I'll also attach the whole dmesg.

Created attachment 82692 [details]
dmesg-3.9.9-201.dbg01.fc18.x86_64-optimus_enabled-warn-traceback-after-trying-to-enable-dvi-monitor

Oh, one more interesting piece of information.. 

If I boot (power-on) the laptop *without* DVI cable connected, the nouveau connectors will show up in 'xrandr' output as DP-1, DP-2 and DP-3. 

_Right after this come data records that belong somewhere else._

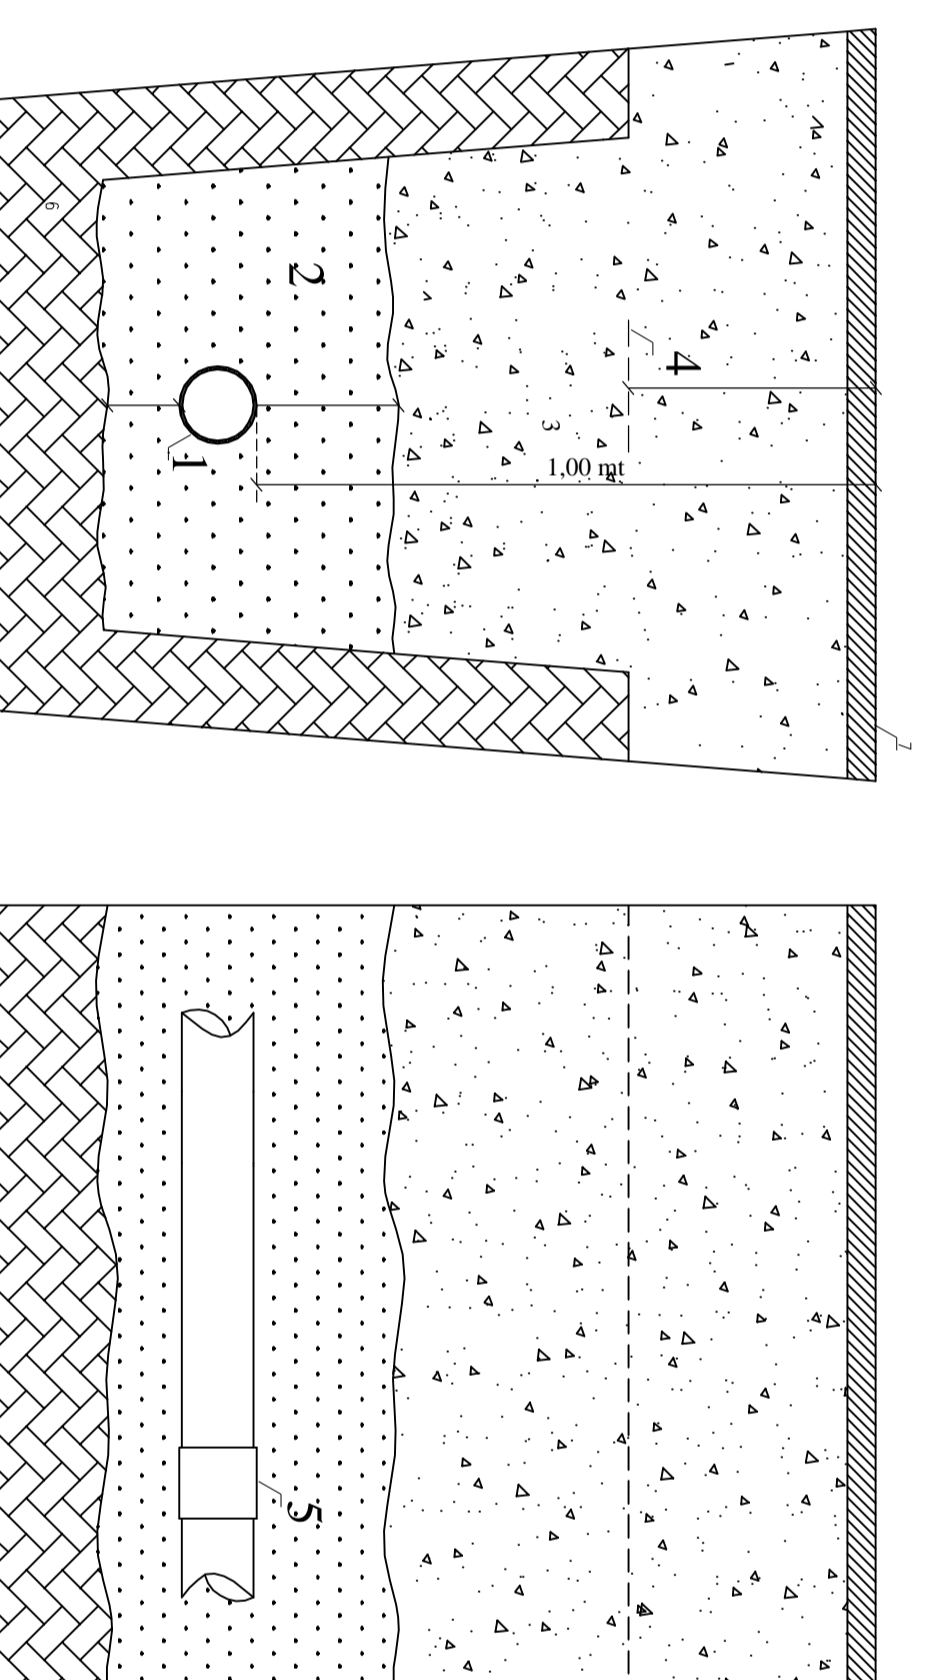

Scala - tavola

04.2.4

timbro

data MARZO 2013

fase PROGETTO DEFINITIVO

aggiornamento

Studio Progettazione ISEPPi via Enrico da Fiume n°10 - Fiume Veneto - (PN)

tel. 0434-957564 fax 0434-564448

Co/progett. 001_05-180_ET/PN_D.A.

PARTICOLARI POSA LINEA ED APPARATI TELEFONICI

LEGENDA

1. TUBO CANOTTO DOPPIA PARETE
2. SABBIA
3. CHIAIA
4. MANICOTTO SEGNALETORE
5. MANICOTTO DI GIUNZIONE
6. TERRENO
7. BINDER

Now If i boot (power-on) the laptop *with* DVI cable connected, the nouveau connectors will *NOT* show up in 'xrandr' most of the times, but during that maybe one time out of ten when they do show up in 'xrandr', they're actually called DisplayPort-0, DisplayPort-1 and DisplayPort-2. 

I wonder why that difference.. and if it's related to the issue I'm having or not. I'm only able to hit the nouveau kernel crash when the connectors are called DisplayPort-X, it seems. When the connectors are called DP-X, I'm not able to crash the kernel.

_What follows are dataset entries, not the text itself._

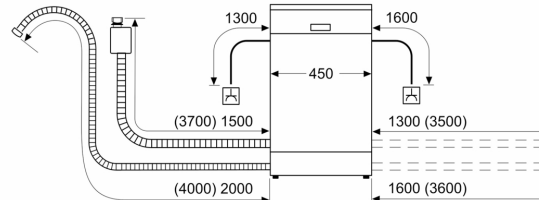

További tulajdonságok

- AquaStop, 24 órás elektronikus vízvédelmi rendszer*
- AquaMix, üvegvédelmi rendszer

Tartozékok

- Sóbetöltő tölcserrel
- Páraterelő lemez tartozékként

Méretek

- Készülék méret (Ma x Sz x Mé): 81.5 cm x 44.8 cm x 55 cm

⁴ A eco program 50 °C program hossza.

* a garancia feltételeit megtalálja a <https://www.bosch-home.com/hu/aquastop> oldalon.

Serie 2, Beépíthető mosogatógép, 45 cm
SPV2HMX02E

Méreték mm-ben

méreték mm-ben

I think I'll open a separate bug about the non-consistent/random output detection for xrandr and changing connector names. 

So let's focus on the kernel crash and troubleshooting that in this bug. 
Any comments about the WARNING traceback I posted?

Ok separate bug opened:

"nouveau inconsistent changing output connector names in xrandr":
https://bugs.freedesktop.org/show_bug.cgi?id=68075

So let's focus on the kernel crash on this bug.
I just verified the same kernel crash also happens on Linux 3.10.4.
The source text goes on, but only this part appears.